***** Data extract

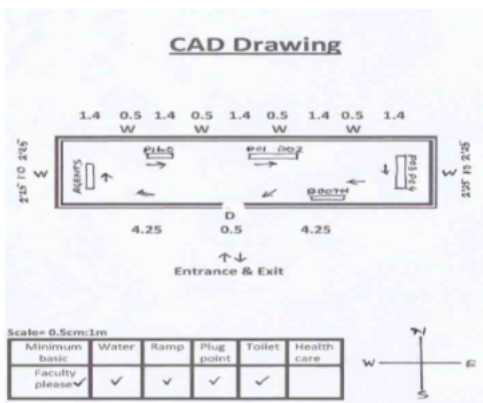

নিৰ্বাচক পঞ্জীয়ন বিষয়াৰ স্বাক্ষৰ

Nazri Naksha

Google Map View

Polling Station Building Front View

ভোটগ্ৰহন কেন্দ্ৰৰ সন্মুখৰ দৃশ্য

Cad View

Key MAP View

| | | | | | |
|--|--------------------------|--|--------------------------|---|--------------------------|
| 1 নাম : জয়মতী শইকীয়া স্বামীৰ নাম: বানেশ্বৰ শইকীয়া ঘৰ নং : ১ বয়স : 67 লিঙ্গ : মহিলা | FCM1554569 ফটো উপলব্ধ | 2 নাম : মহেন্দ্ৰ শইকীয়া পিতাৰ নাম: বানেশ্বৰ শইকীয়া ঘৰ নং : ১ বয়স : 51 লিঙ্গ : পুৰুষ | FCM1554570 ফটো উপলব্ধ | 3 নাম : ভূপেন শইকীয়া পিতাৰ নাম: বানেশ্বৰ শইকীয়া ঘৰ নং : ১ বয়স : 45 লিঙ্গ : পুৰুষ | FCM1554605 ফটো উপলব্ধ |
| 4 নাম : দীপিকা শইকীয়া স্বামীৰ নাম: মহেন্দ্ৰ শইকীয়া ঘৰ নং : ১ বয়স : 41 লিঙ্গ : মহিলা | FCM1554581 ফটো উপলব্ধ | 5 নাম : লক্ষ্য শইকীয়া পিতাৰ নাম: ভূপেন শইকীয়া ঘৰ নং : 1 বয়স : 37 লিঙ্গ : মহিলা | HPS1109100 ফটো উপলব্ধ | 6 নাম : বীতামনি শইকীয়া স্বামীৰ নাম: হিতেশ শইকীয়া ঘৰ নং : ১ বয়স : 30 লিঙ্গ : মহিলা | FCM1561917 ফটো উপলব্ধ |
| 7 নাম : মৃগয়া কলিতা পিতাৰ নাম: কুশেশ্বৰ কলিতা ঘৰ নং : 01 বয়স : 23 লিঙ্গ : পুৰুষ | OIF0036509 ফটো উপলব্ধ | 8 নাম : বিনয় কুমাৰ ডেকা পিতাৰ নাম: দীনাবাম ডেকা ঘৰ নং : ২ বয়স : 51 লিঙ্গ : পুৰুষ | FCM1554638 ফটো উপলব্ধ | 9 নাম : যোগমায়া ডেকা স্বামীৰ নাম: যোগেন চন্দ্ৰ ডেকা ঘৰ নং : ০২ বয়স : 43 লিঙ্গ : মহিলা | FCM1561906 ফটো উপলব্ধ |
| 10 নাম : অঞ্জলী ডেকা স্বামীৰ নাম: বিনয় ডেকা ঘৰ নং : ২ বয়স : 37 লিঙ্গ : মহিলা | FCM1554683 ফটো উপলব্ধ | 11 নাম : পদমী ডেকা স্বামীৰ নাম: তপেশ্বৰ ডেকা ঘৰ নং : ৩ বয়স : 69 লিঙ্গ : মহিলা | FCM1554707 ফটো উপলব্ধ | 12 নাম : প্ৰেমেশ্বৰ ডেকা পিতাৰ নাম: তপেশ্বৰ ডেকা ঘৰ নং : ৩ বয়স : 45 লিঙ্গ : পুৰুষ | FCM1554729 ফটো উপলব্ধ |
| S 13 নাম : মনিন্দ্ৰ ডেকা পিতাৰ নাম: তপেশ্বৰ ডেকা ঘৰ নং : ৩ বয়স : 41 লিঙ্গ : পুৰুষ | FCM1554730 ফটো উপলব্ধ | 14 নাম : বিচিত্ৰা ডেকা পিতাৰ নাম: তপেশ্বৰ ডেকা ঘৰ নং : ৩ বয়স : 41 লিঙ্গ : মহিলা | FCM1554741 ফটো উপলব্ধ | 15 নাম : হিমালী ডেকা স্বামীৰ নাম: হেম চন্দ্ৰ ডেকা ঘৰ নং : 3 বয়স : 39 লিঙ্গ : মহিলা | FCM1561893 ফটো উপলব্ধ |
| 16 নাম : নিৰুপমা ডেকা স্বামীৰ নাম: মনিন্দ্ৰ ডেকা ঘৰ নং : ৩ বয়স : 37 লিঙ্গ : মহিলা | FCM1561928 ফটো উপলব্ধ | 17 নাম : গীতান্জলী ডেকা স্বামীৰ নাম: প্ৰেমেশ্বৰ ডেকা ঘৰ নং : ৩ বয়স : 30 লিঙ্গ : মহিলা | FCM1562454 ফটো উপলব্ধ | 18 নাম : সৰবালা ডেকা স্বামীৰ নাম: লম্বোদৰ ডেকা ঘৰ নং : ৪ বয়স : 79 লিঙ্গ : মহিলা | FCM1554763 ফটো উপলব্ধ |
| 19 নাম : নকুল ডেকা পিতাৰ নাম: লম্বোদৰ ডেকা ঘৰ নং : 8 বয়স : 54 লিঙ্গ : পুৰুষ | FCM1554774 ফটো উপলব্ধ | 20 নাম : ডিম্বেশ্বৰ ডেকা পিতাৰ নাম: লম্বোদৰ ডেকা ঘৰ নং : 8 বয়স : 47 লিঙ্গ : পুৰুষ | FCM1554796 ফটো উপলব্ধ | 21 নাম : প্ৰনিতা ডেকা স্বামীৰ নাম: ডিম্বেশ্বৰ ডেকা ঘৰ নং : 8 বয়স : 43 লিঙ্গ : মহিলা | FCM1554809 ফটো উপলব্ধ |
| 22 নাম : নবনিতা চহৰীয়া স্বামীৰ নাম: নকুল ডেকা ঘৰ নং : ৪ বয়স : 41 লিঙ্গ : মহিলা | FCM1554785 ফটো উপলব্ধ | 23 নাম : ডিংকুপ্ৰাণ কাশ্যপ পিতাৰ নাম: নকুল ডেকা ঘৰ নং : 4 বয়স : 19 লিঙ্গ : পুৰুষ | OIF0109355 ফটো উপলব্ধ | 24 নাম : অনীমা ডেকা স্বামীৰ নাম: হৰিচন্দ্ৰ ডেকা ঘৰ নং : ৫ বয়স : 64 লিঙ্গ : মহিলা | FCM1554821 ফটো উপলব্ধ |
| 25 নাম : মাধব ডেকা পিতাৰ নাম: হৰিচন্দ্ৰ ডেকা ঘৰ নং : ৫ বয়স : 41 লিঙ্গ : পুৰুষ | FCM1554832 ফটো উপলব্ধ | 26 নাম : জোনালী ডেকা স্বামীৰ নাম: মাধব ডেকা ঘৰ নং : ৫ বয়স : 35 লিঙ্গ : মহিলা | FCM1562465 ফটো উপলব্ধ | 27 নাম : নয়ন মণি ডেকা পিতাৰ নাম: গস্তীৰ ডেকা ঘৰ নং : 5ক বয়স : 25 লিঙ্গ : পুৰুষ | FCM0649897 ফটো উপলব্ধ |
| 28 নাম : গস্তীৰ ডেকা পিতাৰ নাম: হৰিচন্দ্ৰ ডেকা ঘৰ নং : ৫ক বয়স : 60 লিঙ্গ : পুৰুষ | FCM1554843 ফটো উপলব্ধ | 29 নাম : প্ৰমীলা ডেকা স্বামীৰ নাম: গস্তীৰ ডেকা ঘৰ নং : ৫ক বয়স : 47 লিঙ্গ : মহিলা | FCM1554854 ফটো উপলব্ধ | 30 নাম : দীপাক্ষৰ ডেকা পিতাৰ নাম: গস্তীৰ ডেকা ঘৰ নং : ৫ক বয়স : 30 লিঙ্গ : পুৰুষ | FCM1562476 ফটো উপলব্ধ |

**********

» **Activity**: Could you print the data exactly as it appears and keep the pictures out?

» **Exercise output**:
নিৰ্বাচক পঞ্জীয়ন বিষয়াৰ স্বাক্ষৰ

Nazri Naksha

Google Map View

Polling Station Building Front View

ভোটগ্ৰহন কেন্দ্ৰৰ সন্মুখৰ দৃশ্য

Cad View

Key MAP View

| | | | | | |
|--|--------------------------|--|--------------------------|---|--------------------------|
| 1 নাম : জয়মতী শইকীয়া স্বামীৰ নাম: বানেশ্বৰ শইকীয়া ঘৰ নং : ১ বয়স : 67 লিঙ্গ : মহিলা | FCM1554569 ফটো উপলব্ধ | 2 নাম : মহেন্দ্ৰ শইকীয়া পিতাৰ নাম: বানেশ্বৰ শইকীয়া ঘৰ নং : ১ বয়স : 51 লিঙ্গ : পুৰুষ | FCM1554570 ফটো উপলব্ধ | 3 নাম : ভূপেন শইকীয়া পিতাৰ নাম: বানেশ্বৰ শইকীয়া ঘৰ নং : ১ বয়স : 45 লিঙ্গ : পুৰুষ | FCM1554605 ফটো উপলব্ধ |
| 4 নাম : দীপিকা শইকীয়া স্বামীৰ নাম: মহেন্দ্ৰ শইকীয়া ঘৰ নং : ১ বয়স : 41 লিঙ্গ : মহিলা | FCM1554581 ফটো উপলব্ধ | 5 নাম : লক্ষ্য শইকীয়া পিতাৰ নাম: ভূপেন শইকীয়া ঘৰ নং : 1 বয়স : 37 লিঙ্গ : মহিলা | HPS1109100 ফটো উপলব্ধ | 6 নাম : বীতামনি শইকীয়া স্বামীৰ নাম: হিতেশ শইকীয়া ঘৰ নং : ১ বয়স : 30 লিঙ্গ : মহিলা | FCM1561917 ফটো উপলব্ধ |
| 7 নাম : মৃগয়া কলিতা পিতাৰ নাম: কুশেশ্বৰ কলিতা ঘৰ নং : 01 বয়স : 23 লিঙ্গ : পুৰুষ | OIF0036509 ফটো উপলব্ধ | 8 নাম : বিনয় কুমাৰ ডেকা পিতাৰ নাম: দীনাবাম ডেকা ঘৰ নং : ২ বয়স : 51 লিঙ্গ : পুৰুষ | FCM1554638 ফটো উপলব্ধ | 9 নাম : যোগমায়া ডেকা স্বামীৰ নাম: যোগেন চন্দ্ৰ ডেকা ঘৰ নং : ০২ বয়স : 43 লিঙ্গ : মহিলা | FCM1561906 ফটো উপলব্ধ |
| 10 নাম : অঞ্জলী ডেকা স্বামীৰ নাম: বিনয় ডেকা ঘৰ নং : ২ বয়স : 37 লিঙ্গ : মহিলা | FCM1554683 ফটো উপলব্ধ | 11 নাম : পদমী ডেকা স্বামীৰ নাম: তপেশ্বৰ ডেকা ঘৰ নং : ৩ বয়স : 69 লিঙ্গ : মহিলা | FCM1554707 ফটো উপলব্ধ | 12 নাম : প্ৰেমেশ্বৰ ডেকা পিতাৰ নাম: তপেশ্বৰ ডেকা ঘৰ নং : ৩ বয়স : 45 লিঙ্গ : পুৰুষ | FCM1554729 ফটো উপলব্ধ |
| S 13 নাম : মনিন্দ্ৰ ডেকা পিতাৰ নাম: তপেশ্বৰ ডেকা ঘৰ নং : ৩ বয়স : 41 লিঙ্গ : পুৰুষ | FCM1554730 ফটো উপলব্ধ | 14 নাম : বিচিত্ৰা ডেকা পিতাৰ নাম: তপেশ্বৰ ডেকা ঘৰ নং : ৩ বয়স : 41 লিঙ্গ : মহিলা | FCM1554741 ফটো উপলব্ধ | 15 নাম : হিমালী ডেকা স্বামীৰ নাম: হেম চন্দ্ৰ ডেকা ঘৰ নং : 3 বয়স : 39 লিঙ্গ : মহিলা | FCM1561893 ফটো উপলব্ধ |
| 16 নাম : নিৰুপমা ডেকা স্বামীৰ নাম: মনিন্দ্ৰ ডেকা ঘৰ নং : ৩ বয়স : 37 লিঙ্গ : মহিলা | FCM1561928 ফটো উপলব্ধ | 17 নাম : গীতান্জলী ডেকা স্বামীৰ নাম: প্ৰেমেশ্বৰ ডেকা ঘৰ নং : ৩ বয়স : 30 লিঙ্গ : মহিলা | FCM1562454 ফটো উপলব্ধ | 18 নাম : সৰবালা ডেকা স্বামীৰ নাম: লম্বোদৰ ডেকা ঘৰ নং : ৪ বয়স : 79 লিঙ্গ : মহিলা | FCM1554763 ফটো উপলব্ধ |
| 19 নাম : নকুল ডেকা পিতাৰ নাম: লম্বোদৰ ডেকা ঘৰ নং : 8 বয়স : 54 লিঙ্গ : পুৰুষ | FCM1554774 ফটো উপলব্ধ | 20 নাম : ডিম্বেশ্বৰ ডেকা পিতাৰ নাম: লম্বোদৰ ডেকা ঘৰ নং : 8 বয়স : 47 লিঙ্গ : পুৰুষ | FCM1554796 ফটো উপলব্ধ | 21 নাম : প্ৰনিতা ডেকা স্বামীৰ নাম: ডিম্বেশ্বৰ ডেকা ঘৰ নং : 8 বয়স : 43 লিঙ্গ : মহিলা | FCM1554809 ফটো উপলব্ধ |
| 22 নাম : নবনিতা চহৰীয়া স্বামীৰ নাম: নকুল ডেকা ঘৰ নং : ৪ বয়স : 41 লিঙ্গ : মহিলা | FCM1554785 ফটো উপলব্ধ | 23 নাম : ডিংকুপ্ৰাণ কাশ্যপ পিতাৰ নাম: নকুল ডেকা ঘৰ নং : 4 বয়স : 19 লিঙ্গ : পুৰুষ | OIF0109355 ফটো উপলব্ধ | 24 নাম : অনীমা ডেকা স্বামীৰ নাম: হৰিচন্দ্ৰ ডেকা ঘৰ নং : ৫ বয়স : 64 লিঙ্গ : মহিলা | FCM1554821 ফটো উপলব্ধ |
| 25 নাম : মাধব ডেকা পিতাৰ নাম: হৰিচন্দ্ৰ ডেকা ঘৰ নং : ৫ বয়স : 41 লিঙ্গ : পুৰুষ | FCM1554832 ফটো উপলব্ধ | 26 নাম : জোনালী ডেকা স্বামীৰ নাম: মাধব ডেকা ঘৰ নং : ৫ বয়স : 35 লিঙ্গ : মহিলা | FCM1562465 ফটো উপলব্ধ | 27 নাম : নয়ন মণি ডেকা পিতাৰ নাম: গস্তীৰ ডেকা ঘৰ নং : 5ক বয়স : 25 লিঙ্গ : পুৰুষ | FCM0649897 ফটো উপলব্ধ |
| 28 নাম : গস্তীৰ ডেকা পিতাৰ নাম: হৰিচন্দ্ৰ ডেকা ঘৰ নং : ৫ক বয়স : 60 লিঙ্গ : পুৰুষ | FCM1554843 ফটো উপলব্ধ | 29 নাম : প্ৰমীলা ডেকা স্বামীৰ নাম: গস্তীৰ ডেকা ঘৰ নং : ৫ক বয়স : 47 লিঙ্গ : মহিলা | FCM1554854 ফটো উপলব্ধ | 30 নাম : দীপাক্ষৰ ডেকা পিতাৰ নাম: গস্তীৰ ডেকা ঘৰ নং : ৫ক বয়স : 30 লিঙ্গ : পুৰুষ | FCM1562476 ফটো উপলব্ধ |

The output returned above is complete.